For Atala, it seems that D.O.M. Hotel is also about creating a legacy. A huge advocate for eating more sustainably, Atala often serves less popular cuts of meat to his customers, cuts that may otherwise go to waste in Brazil; in the same vein, he plates up ingredients that are found in abundance in the Amazon but have fallen out of favour across the country, and organises food conferences exploring key issues surrounding the industry he loves. With D.O.M. Hotel, he aims to go further again.
“The future of food is asking people not to buy, eat or serve products that don’t meet their ethical beliefs,” Atala was once quoted as saying. “If we don’t buy products that aren’t produced in a healthy way or a way that is correct for the planet, if we don’t consume those products and say ‘no’ when they are offered to us, then we will create a new demand and the market will adjust to it.”

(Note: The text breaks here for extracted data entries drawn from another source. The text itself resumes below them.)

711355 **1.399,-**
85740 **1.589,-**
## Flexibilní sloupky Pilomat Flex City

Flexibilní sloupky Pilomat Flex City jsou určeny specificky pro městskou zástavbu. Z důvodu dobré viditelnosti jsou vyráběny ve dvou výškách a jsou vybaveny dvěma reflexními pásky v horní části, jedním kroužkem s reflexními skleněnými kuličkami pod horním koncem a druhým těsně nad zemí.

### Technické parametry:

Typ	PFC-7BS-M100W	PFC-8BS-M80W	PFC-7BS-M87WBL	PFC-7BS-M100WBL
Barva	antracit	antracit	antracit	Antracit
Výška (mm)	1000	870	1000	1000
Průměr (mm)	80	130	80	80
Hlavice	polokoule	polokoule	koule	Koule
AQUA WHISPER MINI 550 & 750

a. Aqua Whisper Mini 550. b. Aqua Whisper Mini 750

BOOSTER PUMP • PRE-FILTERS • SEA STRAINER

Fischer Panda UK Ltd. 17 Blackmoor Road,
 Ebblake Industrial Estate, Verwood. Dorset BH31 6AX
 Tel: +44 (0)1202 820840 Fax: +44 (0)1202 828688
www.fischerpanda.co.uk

D.O.M. Hotel is committed to following sustainable practices, sourcing its ingredients directly from the Amazon in Brazil
Another exciting development currently in the works is being overseen by the Roca brothers, of triple-Michelin-starred restaurant El Celler de Can Roca, who are planning to open a bean-to-bar chocolate factory and hotel in Girona. The project is the brainchild of Jordi Roca, a pastry chef by trade, who has been travelling across Central and South America alongside former mentor Damian Allsop in order to better understand the chocolate industry.

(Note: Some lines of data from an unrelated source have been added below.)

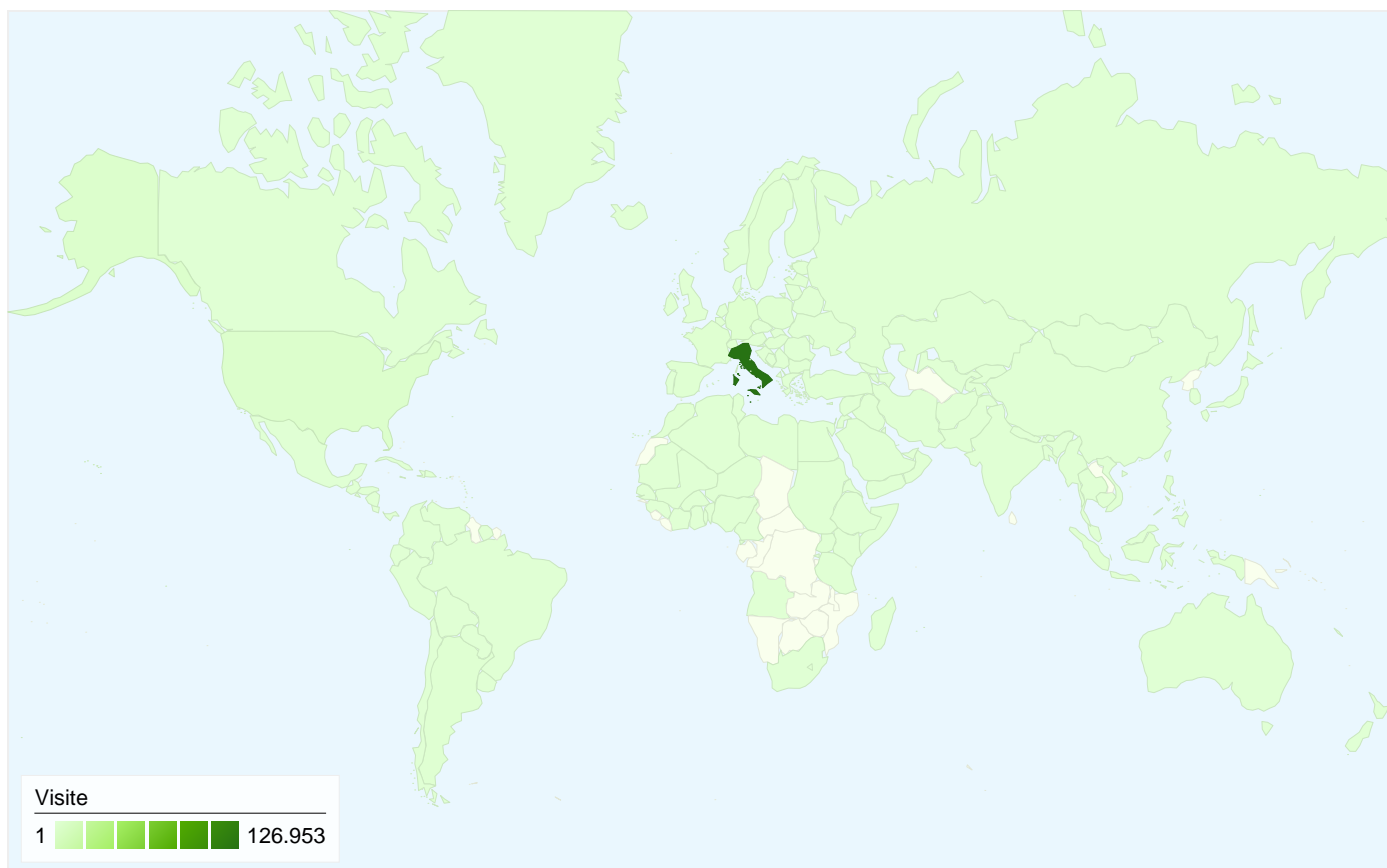

Visitatori
116.196

Overlay carta geografica world

Panoramica sulle sorgenti di traffico

- **Siti di riferimento**
72.845,00 (49,12%)
- **Traffico diretto**
44.393,00 (29,93%)
- **Motori di ricerca**
31.063,00 (20,94%)
- **Altro**
7 (> 0,00%)

116.196 persone hanno visitato questo sito

 **148.308** Visite

 **116.196** Visitatori unici assoluti

 **3.206.387** Pagine visualizzate

 **21,62** Media pagine visualizzate

 **00:15:38** Tempo sul sito

 **36,18%** Frequenza di rimbalzo

Tutte le sorgenti di traffico hanno generato complessivamente 148.308 visite

 29,93% Traffico diretto

 49,12% Siti di provenienza

 20,94% Motori di ricerca

■ Siti di riferimento	72.845,00 (49,12%)
■ Traffico diretto	44.393,00 (29,93%)
■ Motori di ricerca	31.063,00 (20,94%)
■ Altro	7 (> 0,00%)

148.308 visite provenienti da 168 Paesi/zona

Uso del sito

Paese/zona	Visite	Pagine/Visita	Tempo medio sul sito	% visite nuove	Frequenza di rimbalzo
Italy	126.953	24,42	00:17:47	77,33%	35,12%
United States	3.211	3,80	00:02:06	93,40%	71,88%
Germany	2.047	4,92	00:02:22	89,45%	36,00%
France	1.251	4,04	00:01:38	94,88%	37,41%
Spain	1.102	4,93	00:02:27	93,92%	38,02%
Argentina	1.043	6,39	00:03:03	52,25%	44,87%
Switzerland	1.018	5,44	00:02:01	92,04%	41,36%
Poland	813	2,95	00:01:02	94,22%	37,39%
United Kingdom	621	4,07	00:02:15	93,56%	51,53%
Sweden	503	4,67	00:01:26	70,18%	32,80%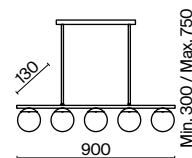

Zing

(1)

(2)

ЦВЕТ

АРТИКУЛ

(1) **FR5199PL-05B**

(2) **FR5199PL-05BS**

ЧЕРНЫЙ

ЛАТУНЬ

💡 5 × E27 60Вт

💡 5 × E27 60Вт

⚡ 7029, 7024

⚡ 7029, 7024

7139, 7053

7139, 7053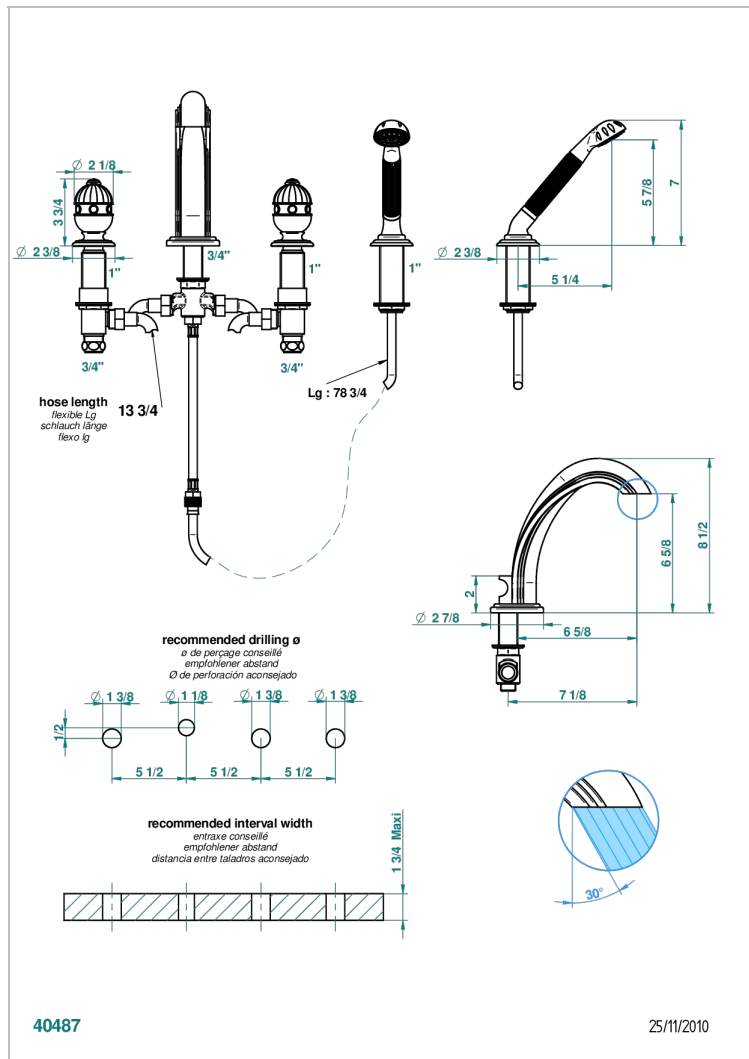

# CHEVERNY MALACHITE

A1S-112BG

Mélangeur bain-douche 4 trous sur gorge avec bec goliath à inversion

THG<sup>®</sup>  
PARIS

## CARACTÉRISTIQUES

- Têtes à disques céramique 3/4" 1/4 tour
- Bec à écoulement libre
- Inverseur automatique
- Flexible métallique 2 m double agrafage avec système de changement par le dessus
- Douchette en laiton avec tapis Easyclean, réducteur de débit et clapet anti-retour
- ACS : 18ACCLY473
- DVGW : DW-6501CO0476
- NF : NF EN 200 - IID/A - Chrome

Vieux nickel - H28

In terms of the overall vision, it is envisaged that the ground floor will feature a chocolate workshop where visitors can taste the various cocoa beans in the form of hot and cold drinks. There will also be a shop, with all packaging made from recycled cacao fibres, and above this a 15-room boutique hotel.
What is abundantly clear, is that chefs around the world are adopting radically different approaches in order to achieve a common goal – to develop hotels where the F&B offering can really shine. While Bottura and Gilmore plan to use produce from their own kitchen garden, Caminada is working seasonally and preserving what is found naturally around his property, and Atala and the Roca brothers are trying to change the very way their guests think about food. It may seem from a distance like just another way to get customers through the door, but look in more detail and it quickly becomes apparent that by doing things on a much smaller scale, these enterprising pioneers are actually trying to change the game entirely.